• Work to be completed
Start at the line with "Серия: Chabrol" and print every line through the end of the material below. Keep it exact and free of pictures.

• Records for processing
--- --- ---

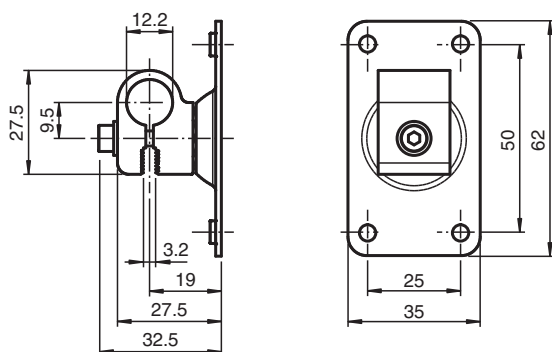

Ayudas de montaje OMH-R202-02

- Kit de fijación
- Montaje fácil y rápido

Ayuda de montaje para en barra cilíndrica $\varnothing 12\text{mm}$ o latón (grosor 1,5 ... 3mm)

Dimensiones

Datos técnicos

Datos mecánicos

Material	Aluminio Latón, cincado
Conexión protegida	Tornillos de montaje incluidos
Masa	aprox. 60 g
Nota	Ajuste infinito en todos los ejes
Serie adecuada	
Serie	R202

Fecha de publicación: 2023-07-04 Fecha de edición: 2023-07-10 : 70164974_spa.pdf
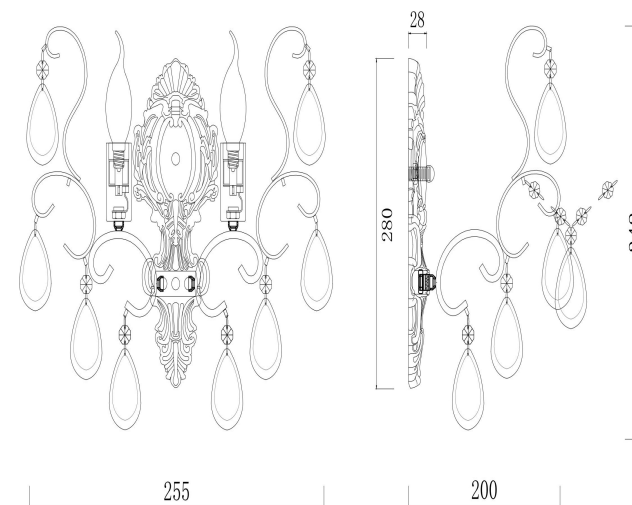

freya

Инструкция FR2302-WL-02-WG

2xE14 40W

Модель: FR2302-WL-02-WG

Коллекция: Classic

Серия: Chabrol

Настенный светильник
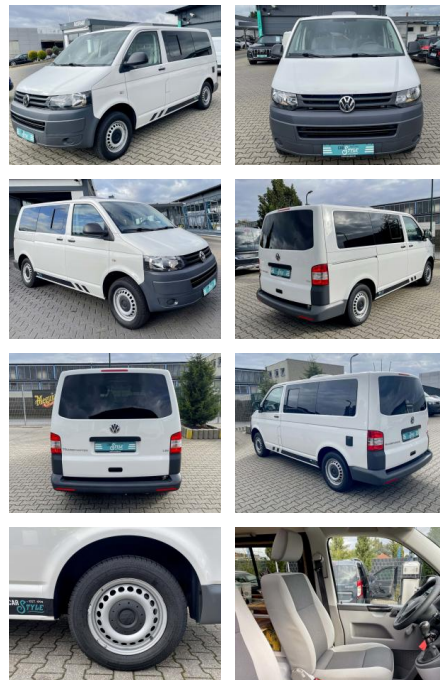

## Volkswagen T5 Transporter Camper Ausbau Bett Kü...

CS01-CAMPER Ausbau Bett Kü...

Erstzulassung:	Kilometer:	Farbe:	Leistung:	Kraftstoffart:
22.07.2012	100.000	Weiß	105 kW / 143 PS	Diesel

**PREIS**  
**38.270 €**
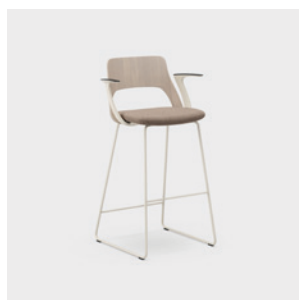

944AHSLEDGE
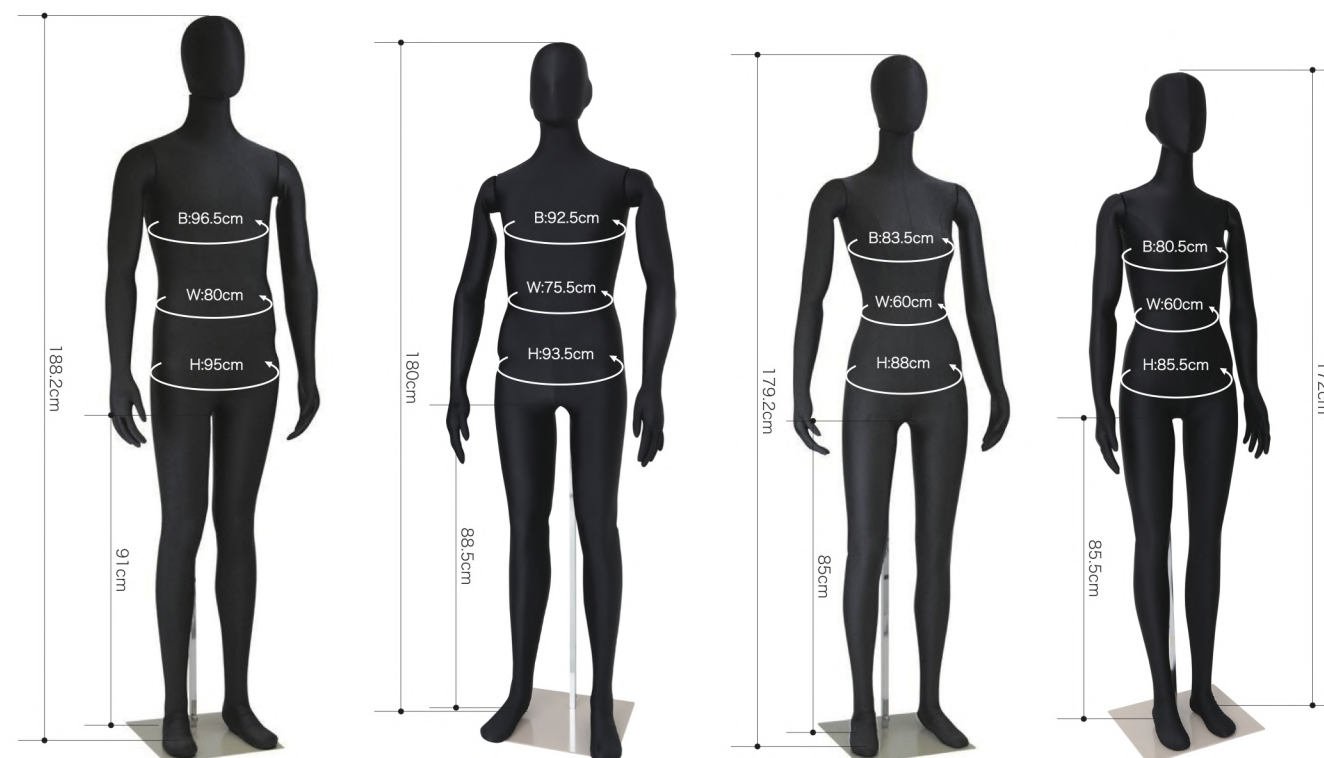

SM0531 黒
メンズ レギュラータイプ

SM7019 黒
レディ ストールタイプ

SM0532 黒
レディス レギュラータイプ

SM7020 黒
メンズ トールタイプ
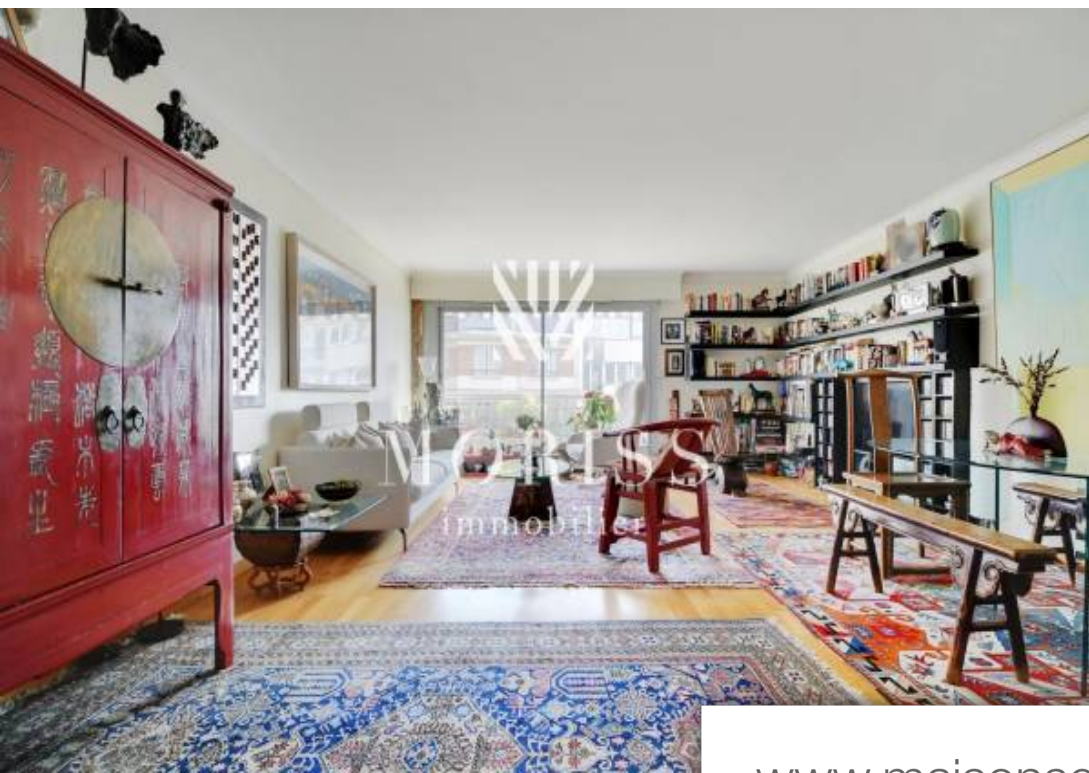

www.maisonsetappartements.fr

--- --- ---

• Task answer
Серия: Chabrol

Настенный светильник

## Volkswagen T5 Transporter Camper Ausbau Bett Kü...

CS01-CAMPER Ausbau Bett Kü...

Erstzulassung:	Kilometer:	Farbe:	Leistung:	Kraftstoffart:
22.07.2012	100.000	Weiß	105 kW / 143 PS	Diesel

**PREIS**  
**38.270 €**

944AHSLEDGE

SM0531 黒
メンズ レギュラータイプ

SM7019 黒
レディ ストールタイプ

SM0532 黒
レディス レギュラータイプ

SM7020 黒
メンズ トールタイプ

www.maisonsetappartements.fr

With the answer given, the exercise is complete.